Silence in Diaz’s film thus appears to be an indicator for Florentina’s loss of childhood. Yet, in fact, he alters the meaning of silence throughout the film. While the absence of sound can function as a metaphorical image of the loss of childhood and of innocence, in other scenes silence implies the reverse.

After Florentina disclosed some of her horrors for the first time in the film, a straight cut brings us to the woods, in which a small girl, supposedly Florentina, jumps around as if playing. Indeed, later in the film she explains that “we [the Giants and Florentina] are always playing. We play hide and seek in the forest. We run around the rocks. We frolic under the stars. We dance.”Her child’s play in the forest amidst absolute silence underlines the themes of peace and innocence. The forest thus plays an essential role in the creation of a feeling of innocence and peace. It is a repeated motif of refuge in the film.

Florentina on rock

It is established as such at the beginning of the film, when Florentina flees from the hands of a man, who wants to buy her. She escapes into the forest and waits for her grandfather. Later in the film, when she makes an attempt at running away from her father, she hides in the forest again. She tries to find a hiding place behind bushes and trees, and then crouches at the right hand side of the frame. A little later, she lays on a rock as if resting. These scenes are accompanied by peaceful ambient sounds, which emphasise Florentina’s feeling of safety, and which also gives the viewer a moment of escapism.

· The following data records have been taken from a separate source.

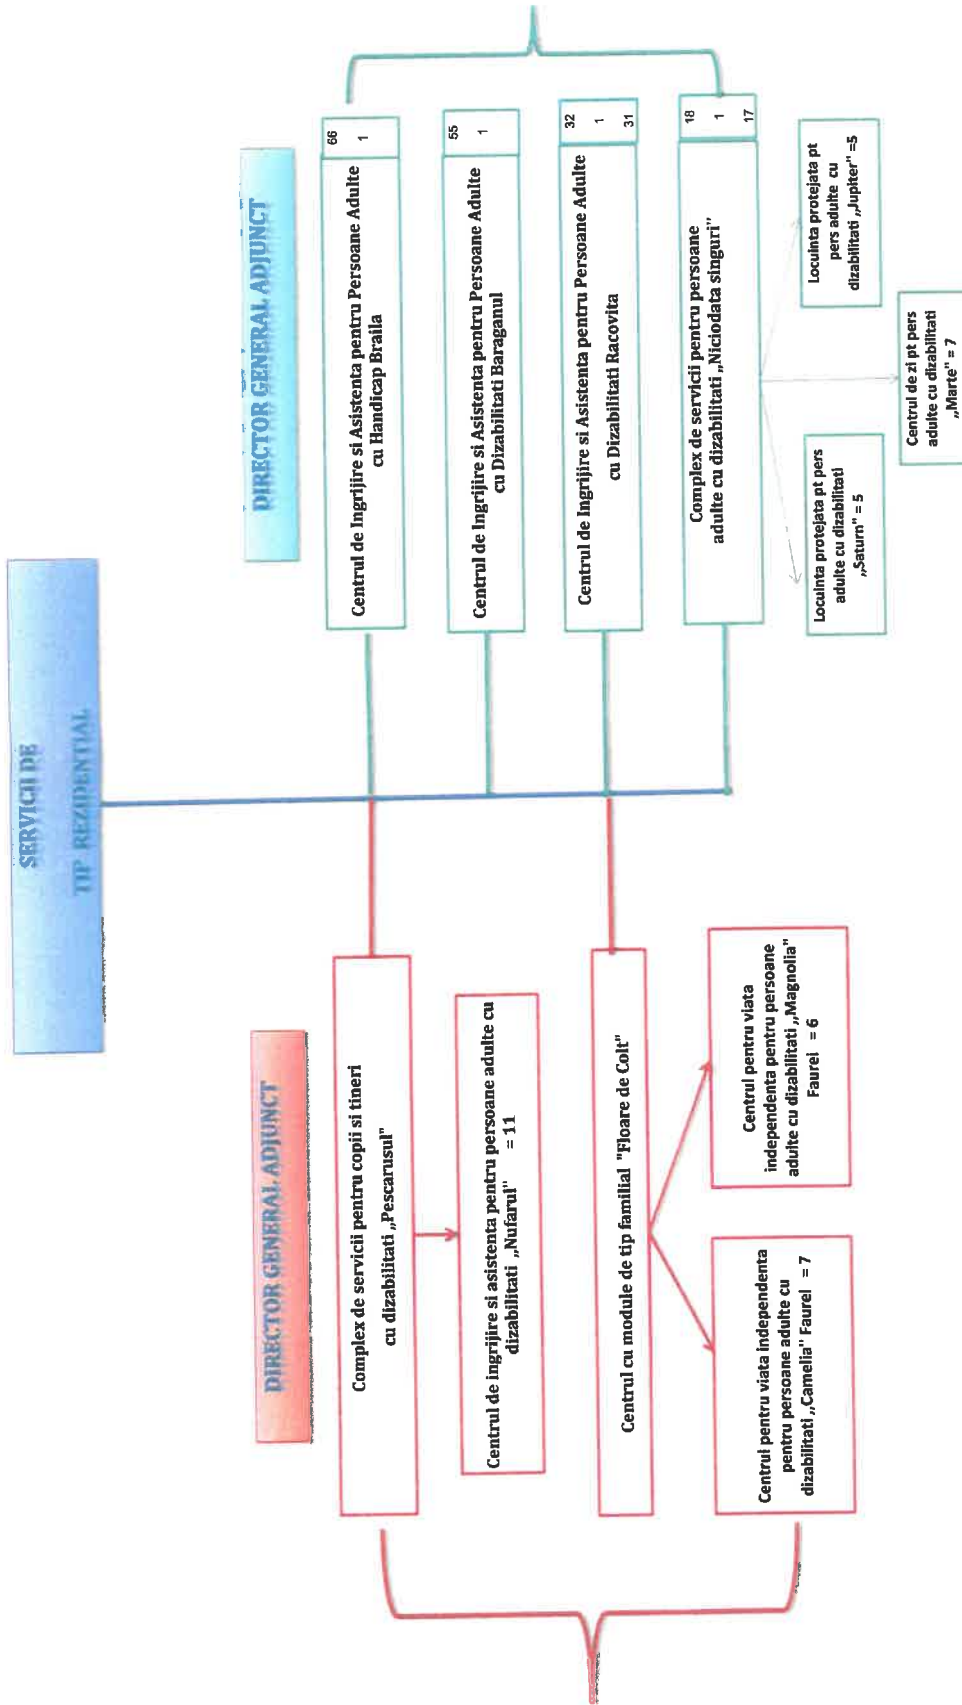

SERVICIUL DE TIP COMUNITAR

SERVICIUL DE TIP FAMILIAL

SERVICIUL DE TIP REZIDENTIAL

PROTECTIA PERSOANELOR ADULTE
DIRECTOR GENERAL ADIUNCT

SERVICIUL DE TIP COMUNITAR

SERVICIUL DE TIP REZIDENTIAL

*Centru de ingrijire si asistenta pentru persoane adulte cu handicap Braila se afla in proces de restructurare conform OUG nr. 69/2016 si Decretul nr. 878/2018

PROTECTIA PERSOANELOR ADULTE

PROTECȚIA COPILULUI

SERVICIUL DE TIP REZIDENȚIAL

23
1
22

Centrul de orientare, supraveghere și sprijinire a reintegrării a copilului care a săvârșit fapte penale și nu răspunde penal

STAT DE FUNCTII SI DE PERSONAL

Directia Generala de Asistenta Sociala si Protectia Copilului Braila

NR. CRT.	Numele, prenumele/VACANT, temporar VACANT dupa caz	STRUCTURA	FUNCTIA DE DEMNITATE PUBLICA	Funcția publică			Clasa studiilor	Nivelul studiilor	Gradul profesional	Funcția contractuală		Nivelul studiilor	Treapta profesională/grad	OBSERVAȚII
				Înalt funcționar public	de conducere*	de executie				de conducere	de executie			
		DIRECTIA GENERALĂ DE ASISTENTA SOCIALA SI PROTECTIA COPILULUI BRAILA												
1	OCUPAT				director general		I	S						
2	OCUPAT				director general adjunct		I	S						
3	VACANT				director general adjunct		I	S						
4	VACANT				director general adjunct		I	S						
		Serviciul planificare bugetara, management financiar si contabilitate												
5	OCUPAT				sef serviciu		I	S						
		Compartiment planificare bugetara												
6	OCUPAT					consilier	I	S	superior					
7	OCUPAT					Inspector	I	S	superior					
8	OCUPAT					Inspector	I	S	superior					
		Compartiment contabilitate												
9	OCUPAT					Inspector	I	S	superior					
10	OCUPAT					Inspector	I	S	superior					
11	OCUPAT					Inspector	I	S	superior					
12	OCUPAT					Inspector	I	S	superior					
13	OCUPAT					Inspector	I	S	superior					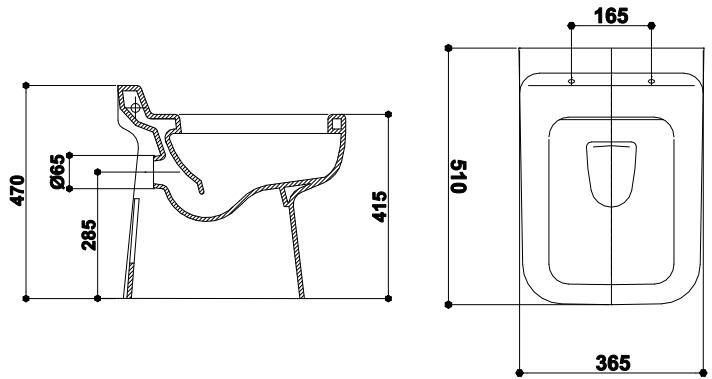

VAS WC PAFOS
WC BOWL PAFOS
ТУАЛЕТ ПАФОС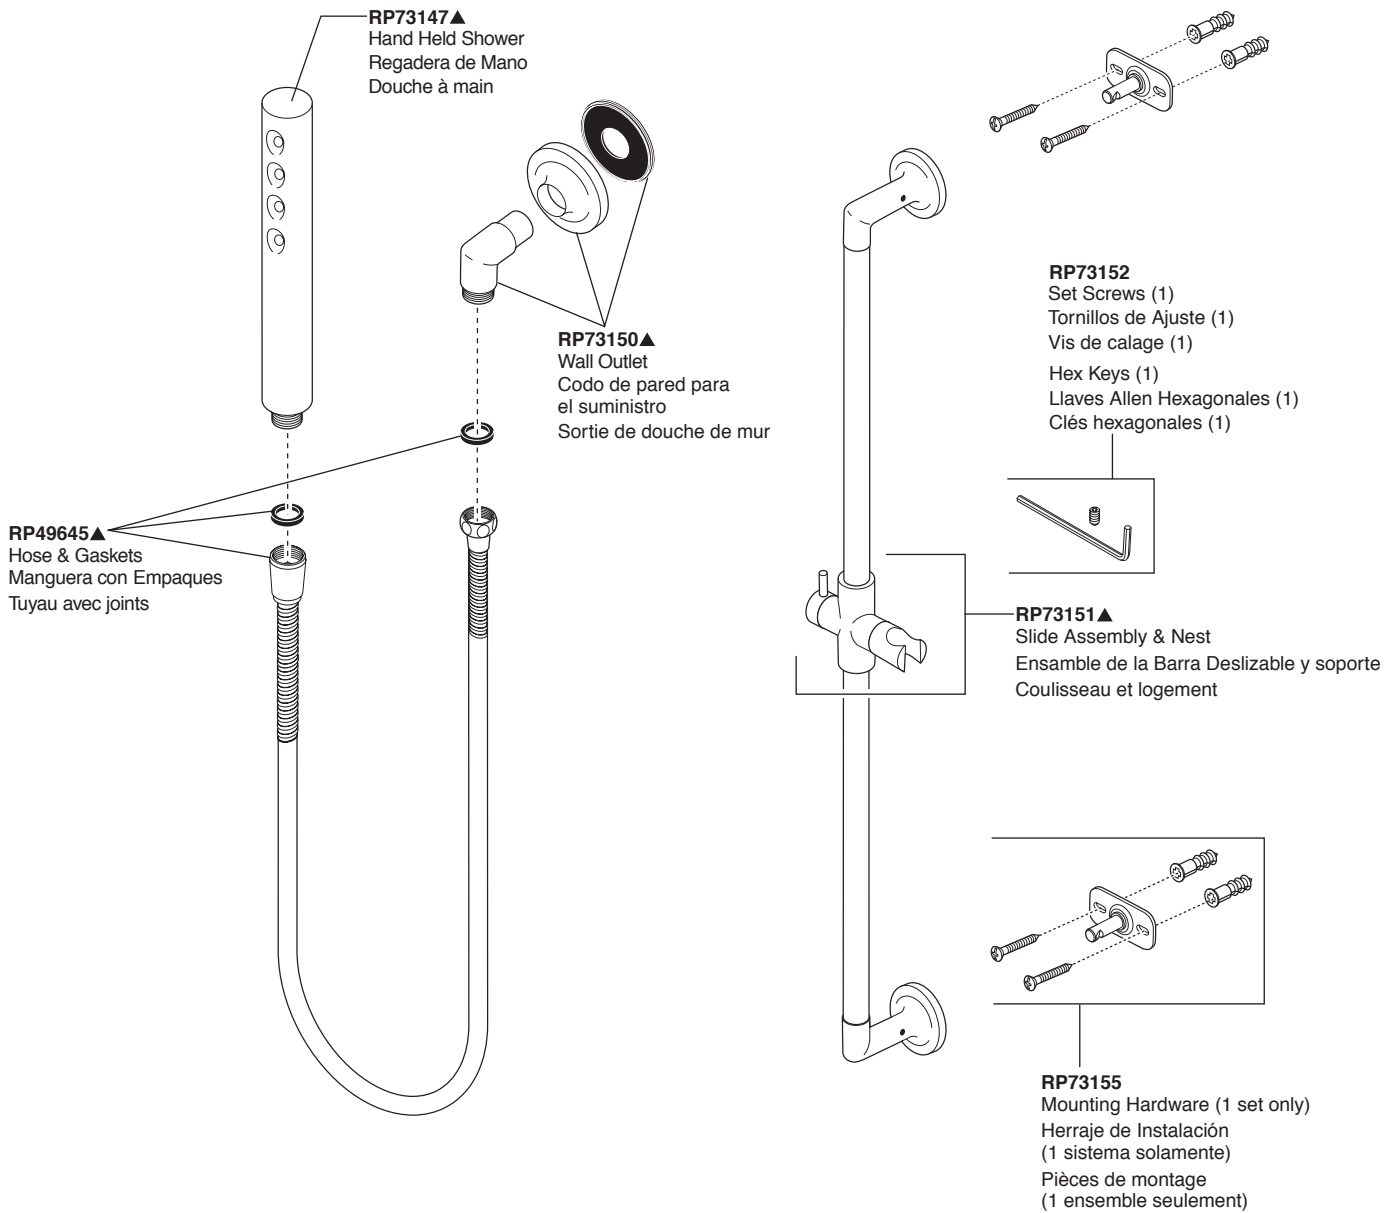

Model/Modelo/Modèle
R66000-WS

RP72604
Optional Extension Kit
Kit opcional de la extensión
Kit facultatif de rallonge

ODIN™ SHOWER SLIDE BAR—WITH HAND HELD SHOWER

Model/Modelo — 85775

SHOWER BAR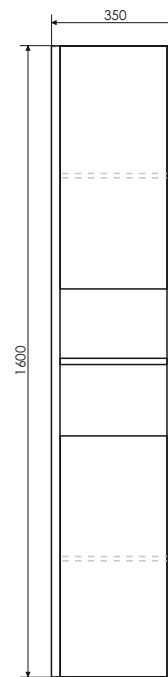

Название: Шкаф-колонна
Артикул: Прага - 45 (правая/левая) универсальная
Цвет: Дуб белый
Габариты: 1600x450x320 (ВxШxГ)

Шкаф-колонна с одной створкой.
Створка оснащена петлями плавного закрывания.

Чертёж шкаф-колонны

Yet, the forest is only a place of assumed safety. Florentina is caught by her father, dragged home on a leash, and chained to her bed. She also discloses that “Mother and I always hide in the forest. We crawl on the ground …but father saw us, and caught up on mother.”Hence, on the one hand, the forest is an idyllic place of peace for Florentina, in which she repeatedly seeks refuge and seemingly plays with the Giants, who give her a sense of joy and childish innocence. On the other hand, the forest fails to protect Florentina and causes her, her mother and her grandfather harm. Her mother is beaten to death following her escape to the forest. Her grandfather, too, is beaten. Thus, the forest is merely a fairy tale escape, which, in reality, aggravates Florentina’s suffering.

 

Conclusion

In conclusion, then, I would like to point to a statement by Lav Diaz made in an interview: “I want them to struggle also.”With them, he means us, the audience, and the range of sound he uses – from acoustic stress to absolute silence – forces the viewer to struggle in metaphorically similar ways to the film’s main character, Florentina.

The sudden disruption of sound, and its replacement by absolute silence is used to convey aspects of trauma, in particular the effects of disorientation and loss of temporality.

The scenes of absolute silence have two main functions. First, as sound can support a preferred reading induced by the director, absolute silence allows the viewer to read a specific scene in his or her way. Second, the absence of sound deprives the viewer-listener, of the main sensory information, rendering him or her as helpless as Florentina.

It is the first time Diaz has experimented with the power of sound and silence. Throughout his six-hour film, Diaz exposes the audience to repeated shock situations, which are similar to the chain of traumatic events Florentina has to endure; a repeated bashing of the head against the wall, as Diaz describes it, sowing the seeds for a slow degeneration of the brain and the gradual loss of memory, sensory perceptions, and, eventually, of life.